[Haskell-cafe] Package documentation complaints -- and a suggestion

wren ng thornton wren at freegeek.org
Sun Oct 30 02:55:08 CEST 2011


On 10/25/11 3:54 AM, Gregory Collins wrote:
> On Tue, Oct 25, 2011 at 4:34 AM, wren ng thornton<wren at freegeek.org>  wrote:
>> I'm not so sure about that exemption. The "experimental" stability level
>> seems to be the norm on Hackage and often means "I use this for real
>> projects, but because I use it for real projects I'm not quite willing to
>> hammer the API in stone just yet".
>>
>> ...
>>
>> Before dealing with automatic documentation requirements, perhaps it'd be
>> better to develop a standard consensus on the terms used in the stability
>> field and actively advocating for people to adopt it, as was done with the
>> PVP.
>
> I think there's no need to cajole people into it -- if Hackage 2 puts
> "stable" packages on a different / better list, there's your social
> pressure. Right now the stability flag in the .cabal file, as you
> pointed out, is almost completely content-free.

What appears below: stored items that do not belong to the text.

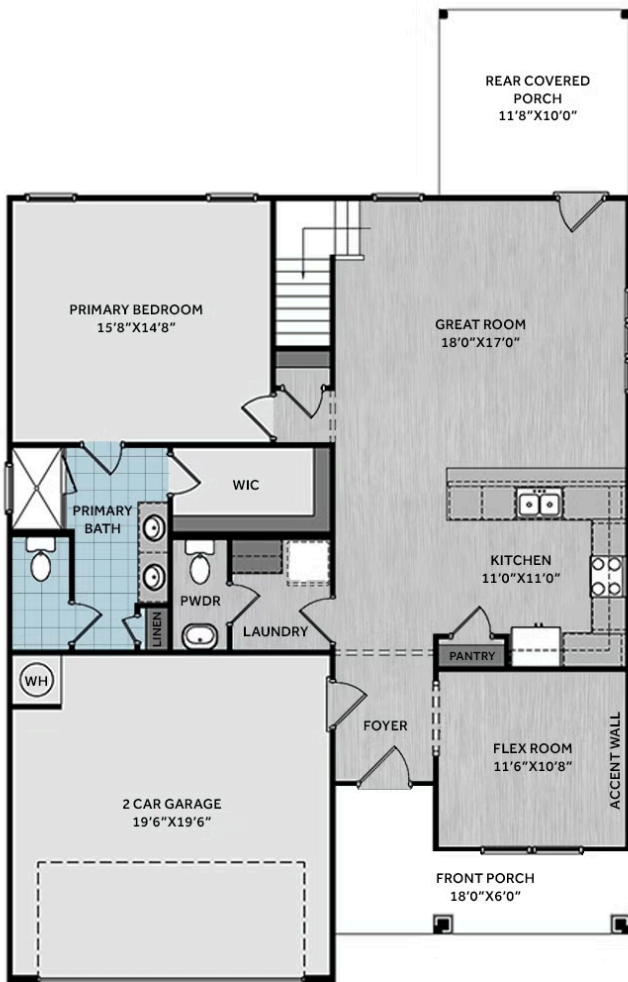

2,358 Sq. Ft.

2 Stories

4 Bed

2.5 Bath

Primary Bed: Down

About Camellia

- Upon entering the home, a formal dining room with optional coffered ceilings and wainscoting is located off of the foyer with access to the kitchen.
- The kitchen has plenty of countertop space with a sink overlooking the great room, bar seating, and a pantry.
- Off the foyer, a laundry room offers a stacked washer/dryer and access to a half-bath.
- The open great room features an optional fireplace along the back wall and access to the back patio OR optional covered porch. *Please note: Home cannot include the fireplace option without

...Read More Online

Embark Collection - Elevation A

***FLOORPLAN MAY VARY BY LOT**

FIRST FLOOR

SECOND FLOOR
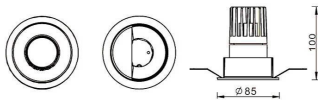

**PRO-DR**

Lavov downlight from the family PRO-DR with a power of 17,73W and an optics 24 degrees . CCT 4000K. With a total lumen output of 1556lm and a luminous efficiency of 87,76lm/W.DALI driver. Made in die cast aluminum and finished in Silver color.

<b>Item code</b>	<b>86.D025.2423.03</b>
<b>Product type</b>	<b>Indoor</b>
<b>Category</b>	<b>Downlights</b>
<b>Family</b>	<b>PRO-D</b>
<b>Subfamily</b>	<b>PRO-DR</b>
<b>Pictograms</b>	

**Scheme**

<b>Product</b>	
<b>Real power (W)</b>	<b>17.73</b>
<b>Real luminous flux (Lm)</b>	<b>1556</b>
<b>Luminous efficiency (Lm/W)</b>	<b>87.76</b>
<b>Beam angle (°)</b>	<b>24</b>
<b>Life time (h)</b>	<b>50000 h L80B10</b>
<b>IP</b>	<b>20</b>
<b>Electrical class insulation</b>	<b>Clas II</b>
<b>Colour</b>	<b>Silver</b>
<b>Control gear included</b>	<b>Yes</b>
<b>Control gear</b>	<b>DALI</b>
<b>Flicker Free</b>	<b>Yes</b>
<b>Light source</b>	<b>LED</b>
<b>Type of LED</b>	<b>COB</b>
<b>Colour temperature (K)</b>	<b>4000</b>
<b>Colour consistency (SDCM)</b>	<b>SDCM&lt;3</b>
<b>CRI</b>	<b>90</b>
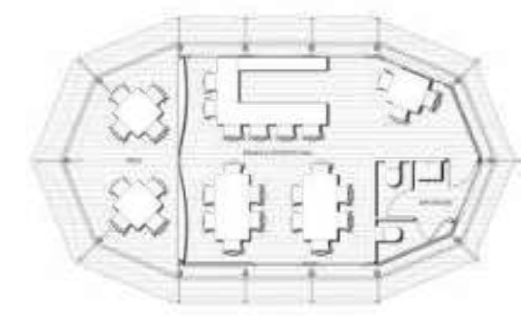

Standard Size

- 3.4 m x 3.4 m - 11.2 m²
- 5.4 m x 5.4 m - 28.6 m²

- 11 ft x 11 ft - 120.8 ft²
- 17.6 ft x 17.6 ft - 308.9 ft²

Adventure Camp, Belgium

Standard Floor Plan

Layout 1

Layout 2

Layout 3

Standard Size

8.3 m x 5.7 m - 42 m²

27.1 ft x 18.7 ft - 455.2 ft²

Open Sky, Utah

Standard Floor Plan

Layout 1

Layout 2

Layout 3

Standard Size

9.5 m x 5 m - 47.5 m²

31.2 ft x 16.4 ft - 511.3 ft²

Fothergill Island, Zimbabwe

Standard Floor Plan

Layout 1

Layout 2

Layout 3
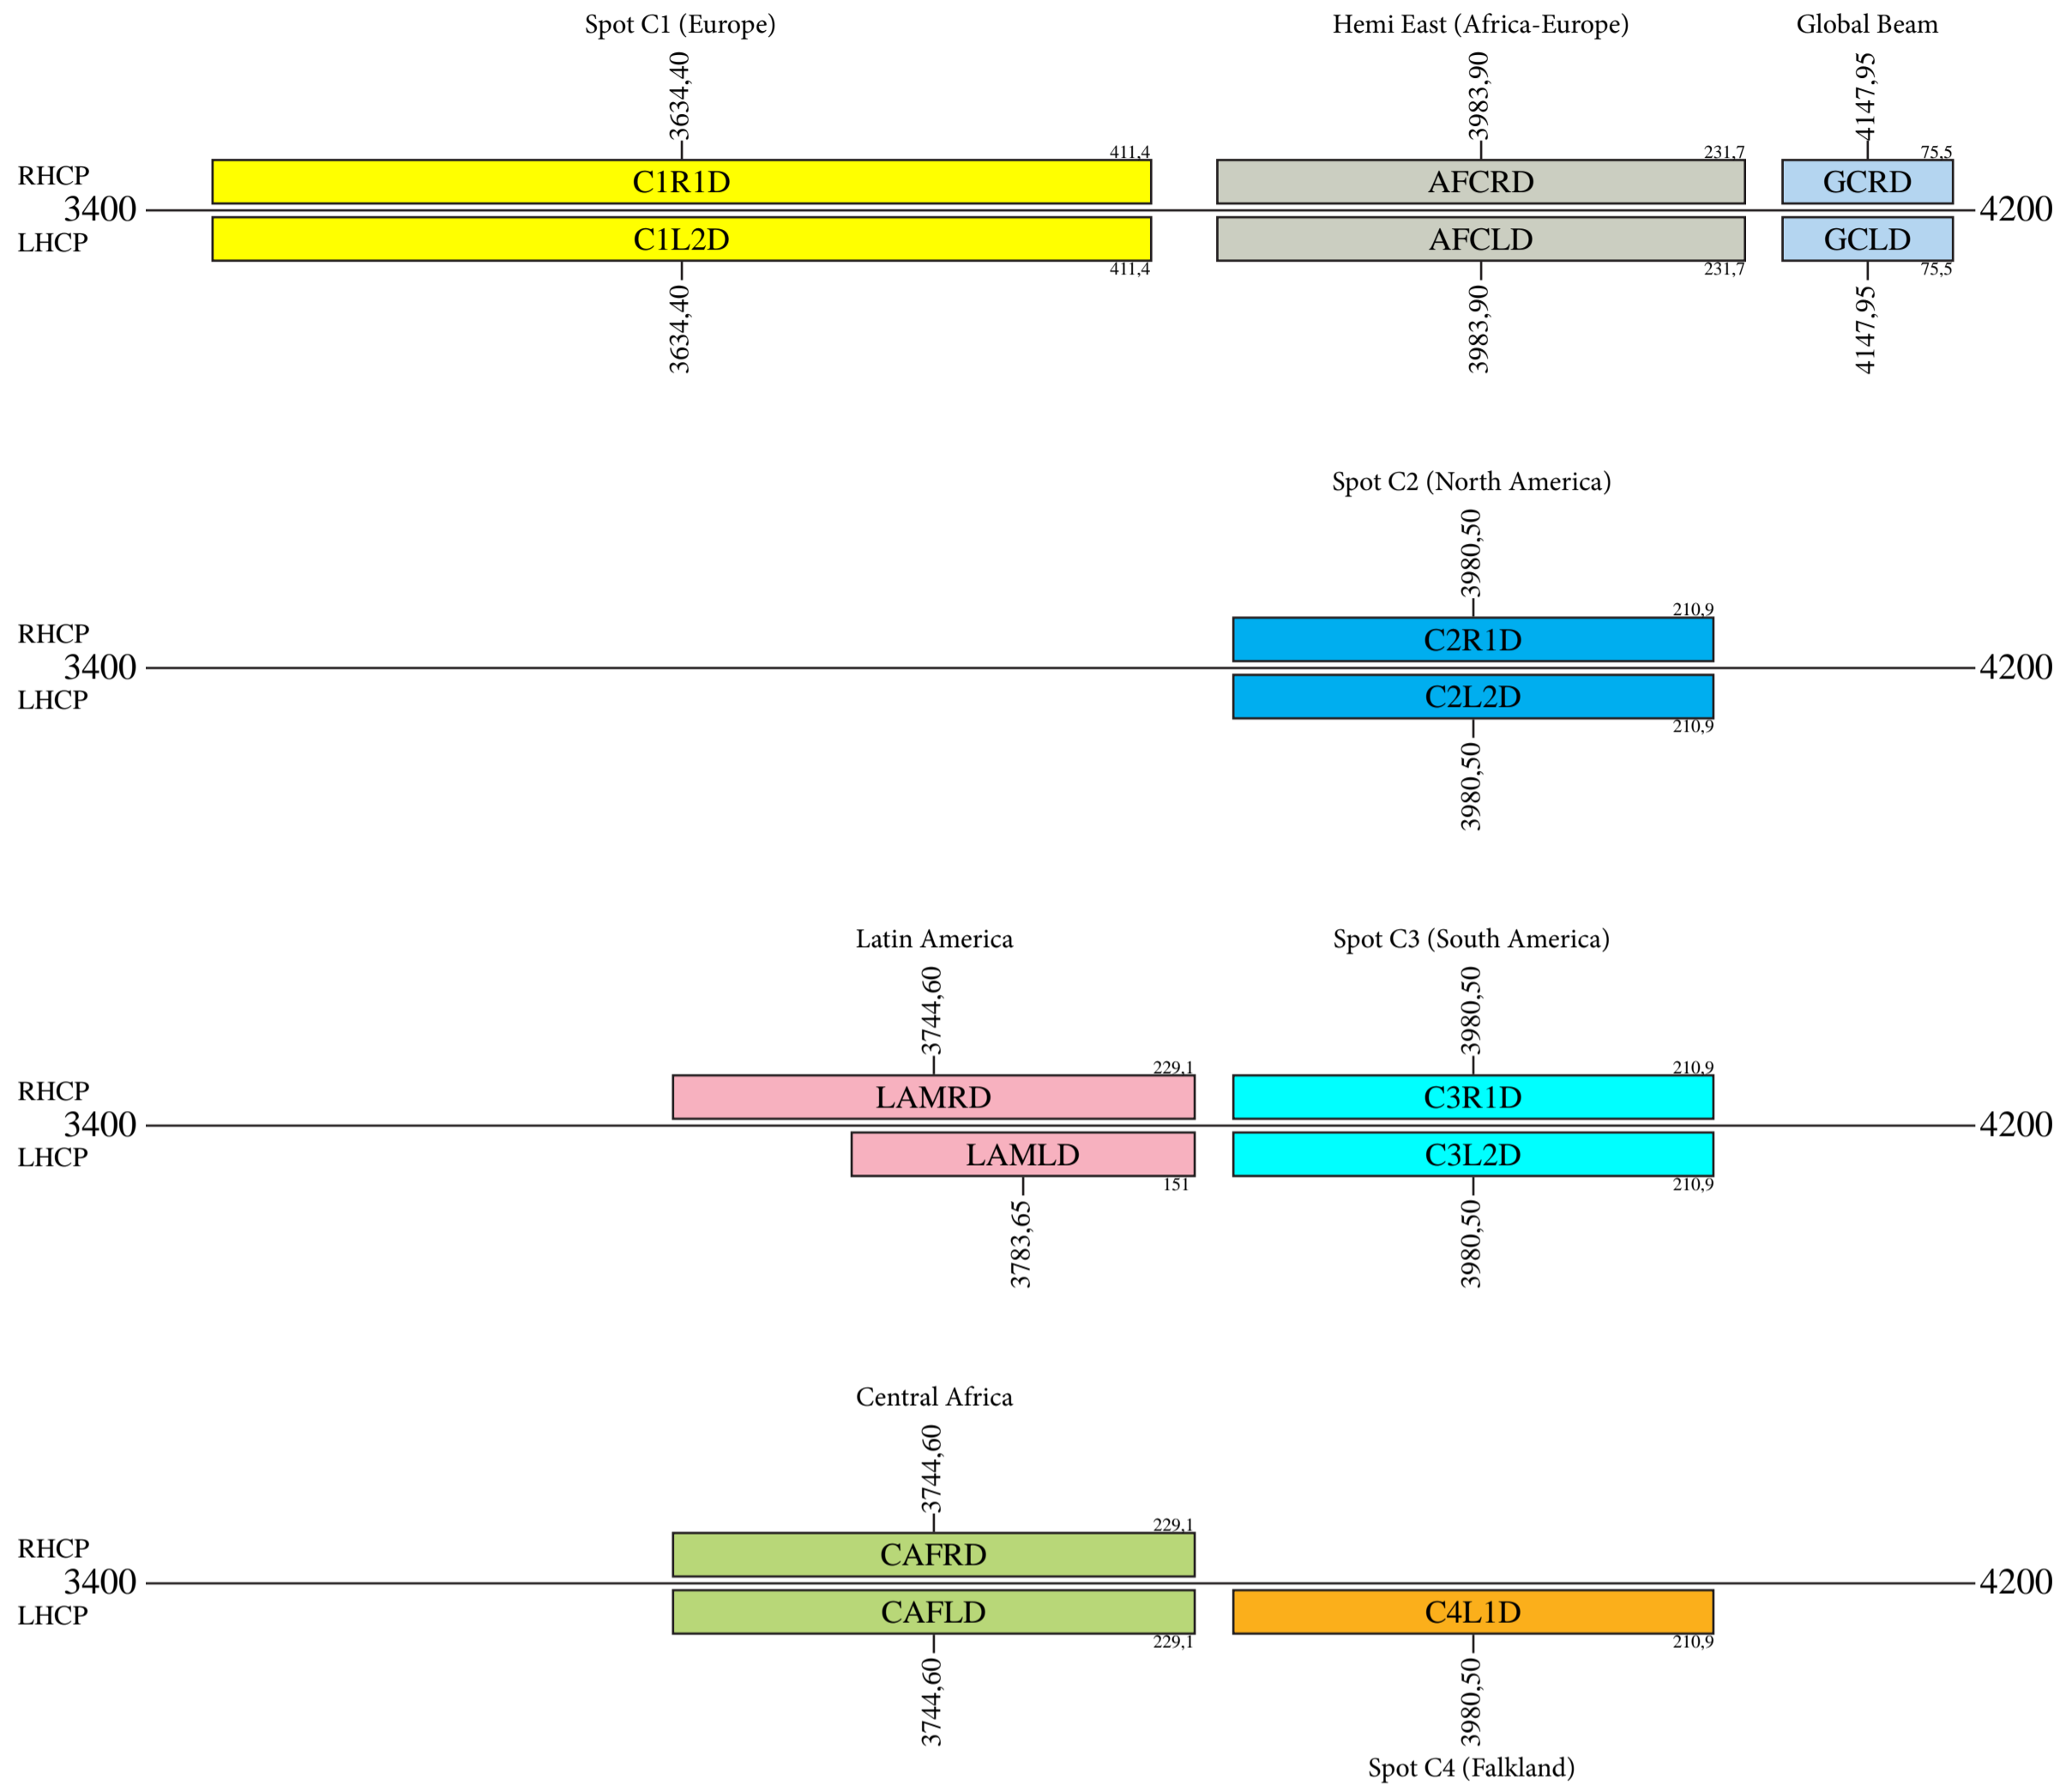

Intelsat 37e

Provisional Frequency Plan

Uplink

- Command 1: 6423,25 L or V Omni Beam or Global Beam
- Command 2: 5851,75 L Hemi Beam
- Telemetry 1: 4197,75 L or H Omni or Global or Hemi Beam
- Telemetry 2: 4198,25 L or H Omni or Global or Hemi Beam
- Telemetry 3: 4198,75 L or H Omni or Global or Hemi Beam
- Telemetry 4: 4199,25 L or H Omni or Global or Hemi Beam
- Beacon 1: 4199,75 V Global Beam
- Beacon 2: 11199,00 R Global Beam
- Beacon 3: 11451,50 R Global Beam
- Beacon 4: 12501,00 R Global Beam
- Beacon 5: 20199,50 V Global Beam

Intelsat 37e

Provisional Frequency Plan

Downlink

Intelsat 37e

Provisional Frequency Plan

Uplink

Intelsat 37e

Provisional Frequency Plan

Downlink

Intelsat 37e

Provisional Frequency Plan

Uplink

Downlink

The problem isn't social pressure to be stable, it's the ambiguity of 
what "stable" means. If Hackage 2 institutes a policy whereby things 
claiming to be stable are treated better, then "stable" is likely to 
become the new "experimental". Just because I call something stable 
doesn't mean that it is. Just because I give something enough 
documentation so appease the bots so that I'm allowed to call it stable 
doesn't mean that it is. Frankly, giving a one-line synopsis of what a 
function does isn't a high enough barrier to entry to keep someone from 
abusing the system in order to self-select which index page they get put on.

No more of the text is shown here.